### THE TASK:
Your copy must hold all of the data below, unchanged and without images.

### SUPPLIED DATA:
****

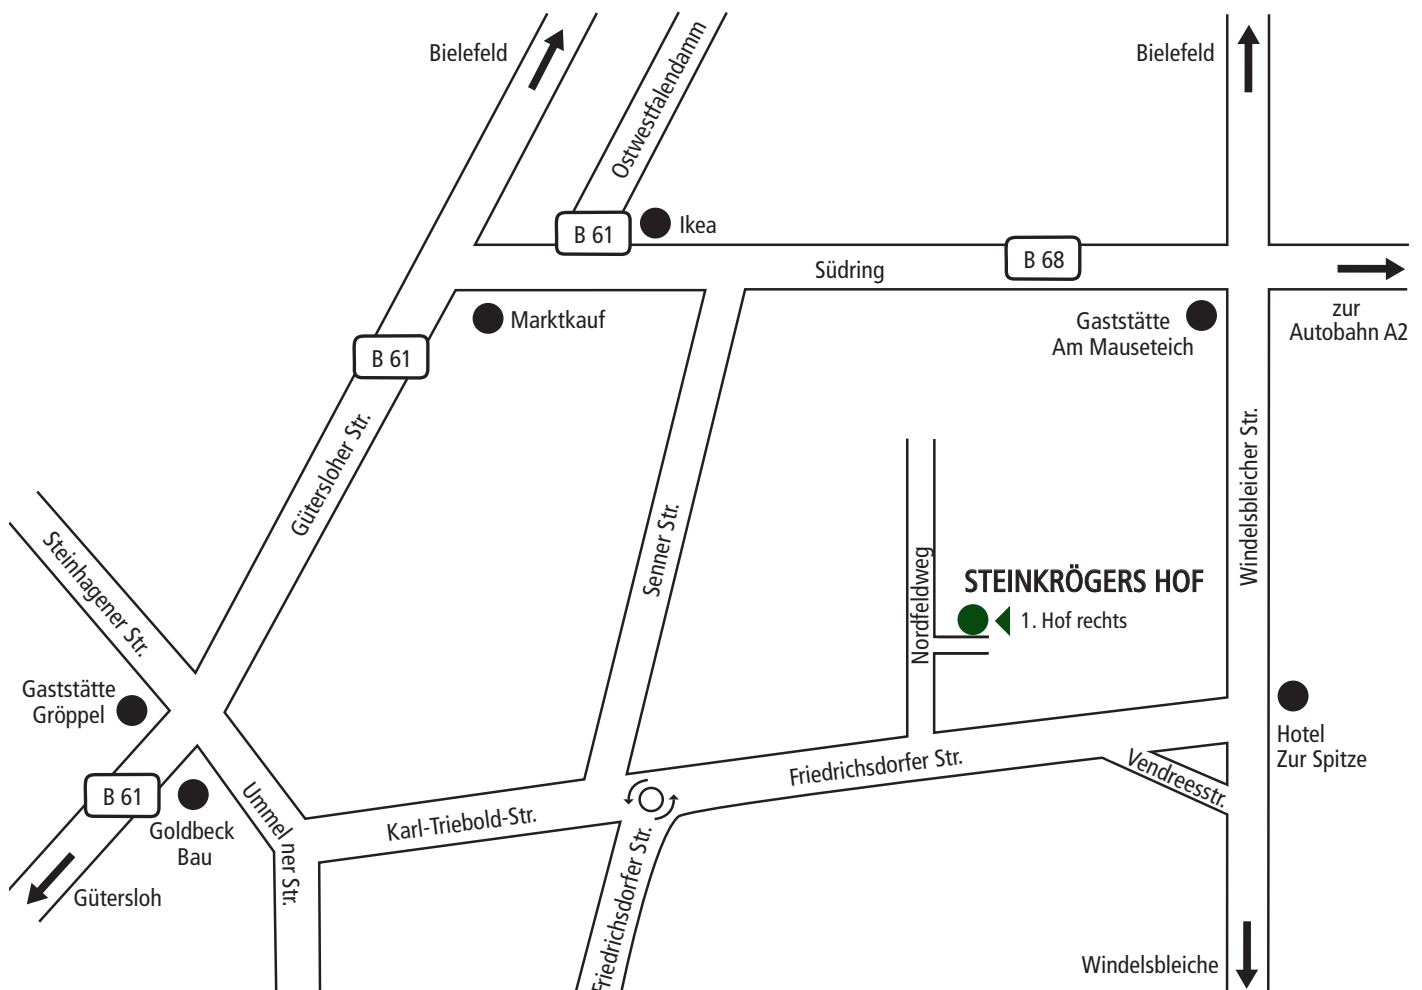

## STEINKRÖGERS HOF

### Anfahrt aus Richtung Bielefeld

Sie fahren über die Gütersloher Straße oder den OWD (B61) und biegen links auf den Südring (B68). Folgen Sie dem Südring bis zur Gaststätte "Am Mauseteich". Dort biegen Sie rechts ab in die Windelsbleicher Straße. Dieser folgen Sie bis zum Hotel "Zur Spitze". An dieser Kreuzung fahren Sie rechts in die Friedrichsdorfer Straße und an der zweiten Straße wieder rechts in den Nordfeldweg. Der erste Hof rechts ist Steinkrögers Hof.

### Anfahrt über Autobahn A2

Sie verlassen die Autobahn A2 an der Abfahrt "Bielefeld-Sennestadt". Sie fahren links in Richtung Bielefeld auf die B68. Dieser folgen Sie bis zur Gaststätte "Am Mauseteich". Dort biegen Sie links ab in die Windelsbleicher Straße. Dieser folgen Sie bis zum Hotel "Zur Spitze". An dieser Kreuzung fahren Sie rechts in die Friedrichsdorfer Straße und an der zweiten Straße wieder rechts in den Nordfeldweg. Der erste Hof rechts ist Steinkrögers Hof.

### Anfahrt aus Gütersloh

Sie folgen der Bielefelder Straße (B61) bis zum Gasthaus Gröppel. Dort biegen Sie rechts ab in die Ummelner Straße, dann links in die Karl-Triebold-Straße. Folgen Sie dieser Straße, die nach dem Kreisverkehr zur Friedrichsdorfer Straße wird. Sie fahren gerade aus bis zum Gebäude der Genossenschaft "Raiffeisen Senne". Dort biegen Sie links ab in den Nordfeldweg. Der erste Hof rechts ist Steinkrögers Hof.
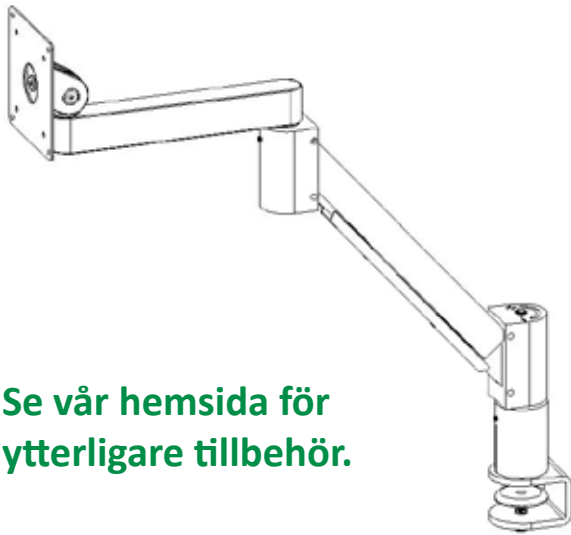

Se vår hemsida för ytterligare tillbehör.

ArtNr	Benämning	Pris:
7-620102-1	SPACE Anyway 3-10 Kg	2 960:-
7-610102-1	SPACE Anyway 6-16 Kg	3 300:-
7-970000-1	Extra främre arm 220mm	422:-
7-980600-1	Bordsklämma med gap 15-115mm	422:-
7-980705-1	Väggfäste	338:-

****

### WRITTEN SOLUTION:
## STEINKRÖGERS HOF

### Anfahrt aus Richtung Bielefeld

Sie fahren über die Gütersloher Straße oder den OWD (B61) und biegen links auf den Südring (B68). Folgen Sie dem Südring bis zur Gaststätte "Am Mauseteich". Dort biegen Sie rechts ab in die Windelsbleicher Straße. Dieser folgen Sie bis zum Hotel "Zur Spitze". An dieser Kreuzung fahren Sie rechts in die Friedrichsdorfer Straße und an der zweiten Straße wieder rechts in den Nordfeldweg. Der erste Hof rechts ist Steinkrögers Hof.

### Anfahrt über Autobahn A2

Sie verlassen die Autobahn A2 an der Abfahrt "Bielefeld-Sennestadt". Sie fahren links in Richtung Bielefeld auf die B68. Dieser folgen Sie bis zur Gaststätte "Am Mauseteich". Dort biegen Sie links ab in die Windelsbleicher Straße. Dieser folgen Sie bis zum Hotel "Zur Spitze". An dieser Kreuzung fahren Sie rechts in die Friedrichsdorfer Straße und an der zweiten Straße wieder rechts in den Nordfeldweg. Der erste Hof rechts ist Steinkrögers Hof.

### Anfahrt aus Gütersloh

Sie folgen der Bielefelder Straße (B61) bis zum Gasthaus Gröppel. Dort biegen Sie rechts ab in die Ummelner Straße, dann links in die Karl-Triebold-Straße. Folgen Sie dieser Straße, die nach dem Kreisverkehr zur Friedrichsdorfer Straße wird. Sie fahren gerade aus bis zum Gebäude der Genossenschaft "Raiffeisen Senne". Dort biegen Sie links ab in den Nordfeldweg. Der erste Hof rechts ist Steinkrögers Hof.

Se vår hemsida för ytterligare tillbehör.

ArtNr	Benämning	Pris:
7-620102-1	SPACE Anyway 3-10 Kg	2 960:-
7-610102-1	SPACE Anyway 6-16 Kg	3 300:-
7-970000-1	Extra främre arm 220mm	422:-
7-980600-1	Bordsklämma med gap 15-115mm	422:-
7-980705-1	Väggfäste	338:-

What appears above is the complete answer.